Here, we present detailed experimental results to demonstrate the performance of the proposed method. We first show static and dynamic thumbnail extraction results in Table 1, by reporting the extracted frame index which has the minimum cost.

Figure 8 shows qualitative comparisons of static thumbnails. We compare our approach with the thumbnails from the 1st frame, Gao’s [8] and Yong’s [26]. Note that we used the keyframe selection module for unedited videos in the framework presented in [8].

Fig. 8
figure 8

Some comparison results. a, e thumbnails from 1st frame, b, f thumbnails obtained by [8], c, g thumbnails obtained by [26], d, h thumbnails obtained by our method

As shown in Fig. 8, the proposed method qualitatively outperforms the existing methods.

Figure 9 shows the results of the subjective preference task. As reported in Fig. 9, the thumbnails generated by our method are generally better than or comparable to others.

Fig. 9
figure 9

The subjective evaluations of the user preference task

Table 2 and 3 shows the subjective evaluation results of the default thumbnail, Gao’s [8] results, Yong’s [26] results, and proposed thumbnailing. In subjective preference task, the participants tend to focus on the principal role of the thumbnailing, which extracts the most representative frame without the photographers additional explanation. Therefore, the similar distributions appear in Fig. 9 and the representativeness score of the Table 3. The overall evaluation scores in Table 4 come from considering the image quality, accessibility, and representativeness. In particular, the proposed method gratifies the general requirements in thumbnail, which not only allows for the image quality of the thumbnail, but also satisfies the accessibility and the representativeness of the video content.

Table 2 Subjective evaluation results of thumbnail image quality and accessibility
Table 3 Subjective evaluation results of thumbnail representativeness and overall evaluation
Table 4 Performance evaluation of dynamic thumbnails according to thumbnail duration

The comparisons of dynamic video thumbnailing results with various thumbnail lengths are reported in Table 4. From the results, we have the following observations.

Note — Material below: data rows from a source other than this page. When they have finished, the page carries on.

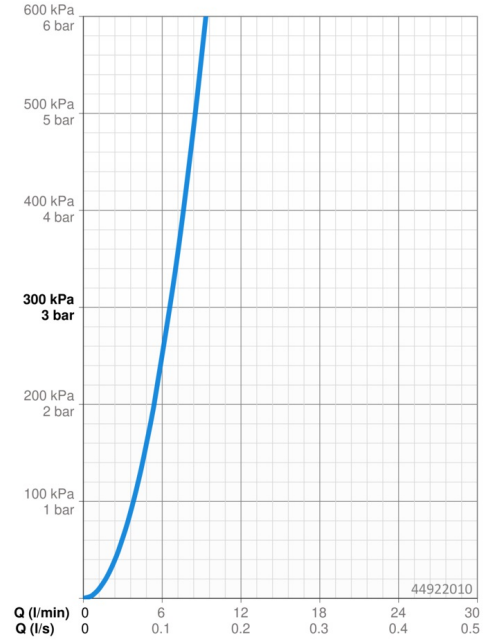

Technische gegevens

Doorstromingseigenschappen

Doorstroomhoeveelheid bij 3 bar	6.6 l/min
Drukverlies bij doorstroomhoeveelheid (0,1 l/s)	2.5 bar

Technische eigenschappen

DN-maat	DN15
Warmwatertoevoer	max. +70°C
Werkdruk	1-10 bar
Aansluitmaat	G1/2
Projection	195 mm
Materiaal	brass

Software-instellingen

Nalooptijd	2 s ± 1 s (1/2/3/4/8 s)
Automatische spoeling	off (off/12/24/48/72 h)
Automatische spoeling periode	30 s (10/30/60/120/180/240/300/600 s)
Max. looptijd	120 s (10/30/60/120/300 s)

Eigenschappen elektronica

Elektrische aansluiting	230 / 12 V

Voorschriften

EU-richtlijn	C € Low Voltage Directive 2014/35/EU , EMC Directive 2014/30/EU , RoHS Directive 2011/65/EU
EN-norm	EN 15091, ETSI EN 301 489-1 V1.9.2, ETSI EN 300 328 v2.2.2, EN 61000-6-1:2007, EN 61000-6-3:2007+A1:2011+AC:2012, EN 60335-1:2012+A11+A13+A14+A15:2021, Part 19.11.4
Beschermingsklasse	IP 55 / transformer IP 20

Toestemmingen en Verklaringen

Verklaring van overeenstemming	LVD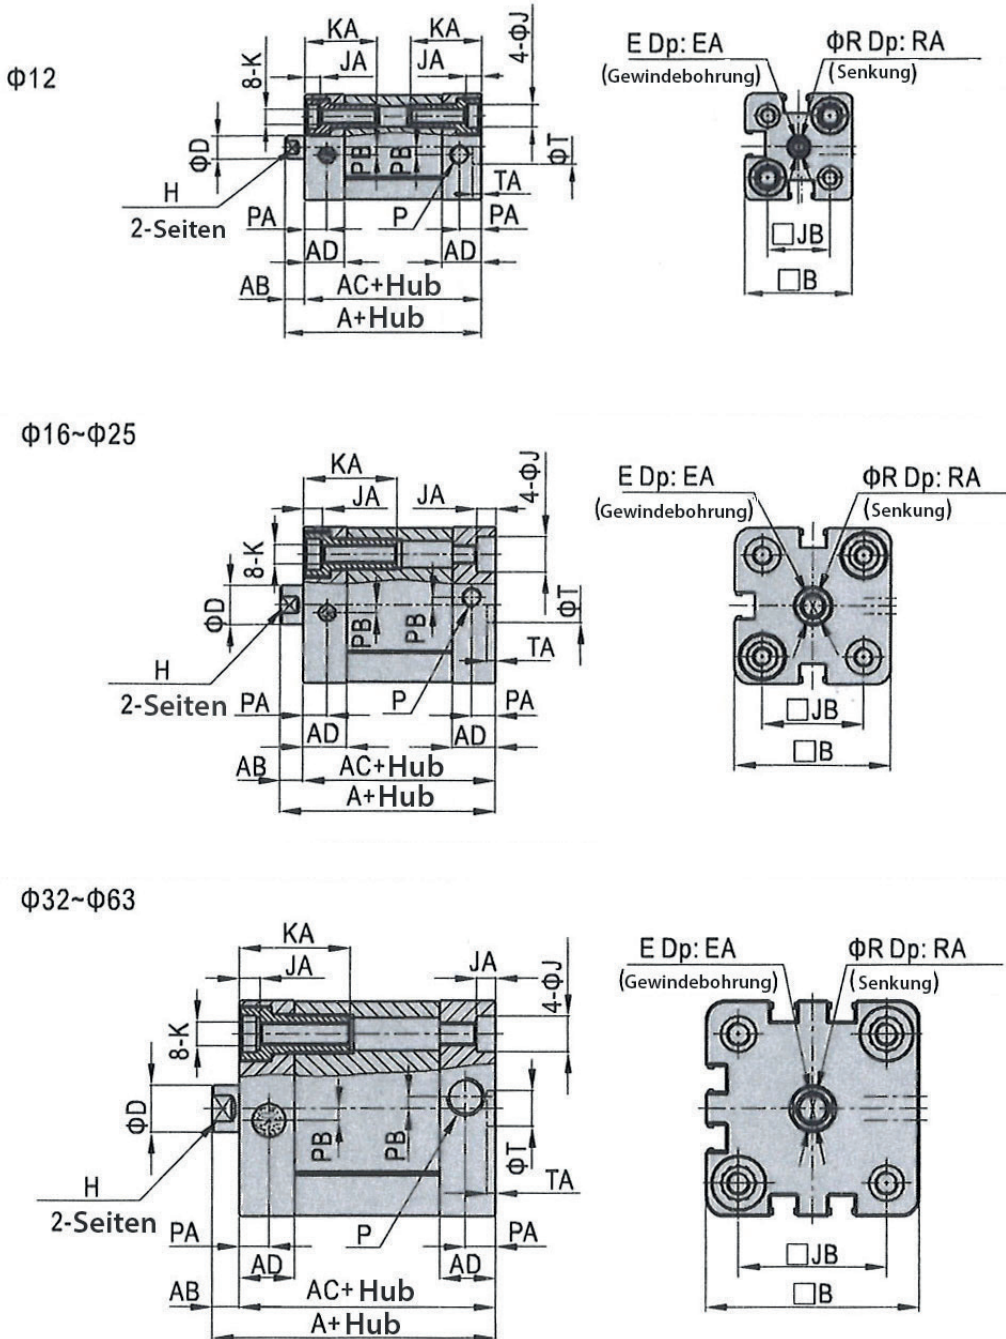

Serie »ASE«

15.EMI.12005 bis 15.EMI.100025 und 15.EMA.12005 bis 15.EMA.100025

Maße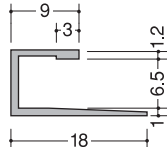

6SU型(仕舞)
2.73m シルバー
1A・2B・3B
51F・52F・53F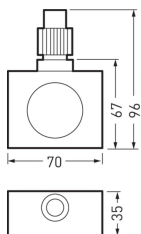

2390 HF Sensor

TOC: 7641200

Description du produit

Avec détecteur de mouvement haute fréquence intégré. Accessoires pour la série 2390. Un capteur de mouvement/capteur de luminosité (accessoires en option) peuvent être combinés sans outil avec le projecteur.

Caractéristiques du produit et caractéristiques techniques

Couleur du luminaire	RAL9016 Blanc signalisation
Longueur net	70 mm
Largeur net	35 mm
Hauteur net	100 mm
Poids	0,1 kg

Encore plus de durabilité au quotidien

  • The subjects consider that the 90-frame sequence thumbnails are more enjoyable than the longer sequence of that, because the 90-frame sequence is considered to be sufficient to understand or estimate the content of the video.

  • As expected, there is a trade-off between enjoyability and informativeness. However, we believe that the gaps between average scores of informativeness in Table 4 are acceptable for real world applications.

6 Conclusion

This paper presents an automatic static and dynamic video thumbnailing method through the content-based scene analysis. The proposed method uses features which allows for the image quality and the semantically meaningful representation of the video content. Also, we assume that the steady scenes are more informative, which is calculated based on the SBP. Both static and dynamic thumbnails are automatically extracted, by computing the minimum energy cost. Carefully designed experiments have demonstrated the effectiveness of the proposed method.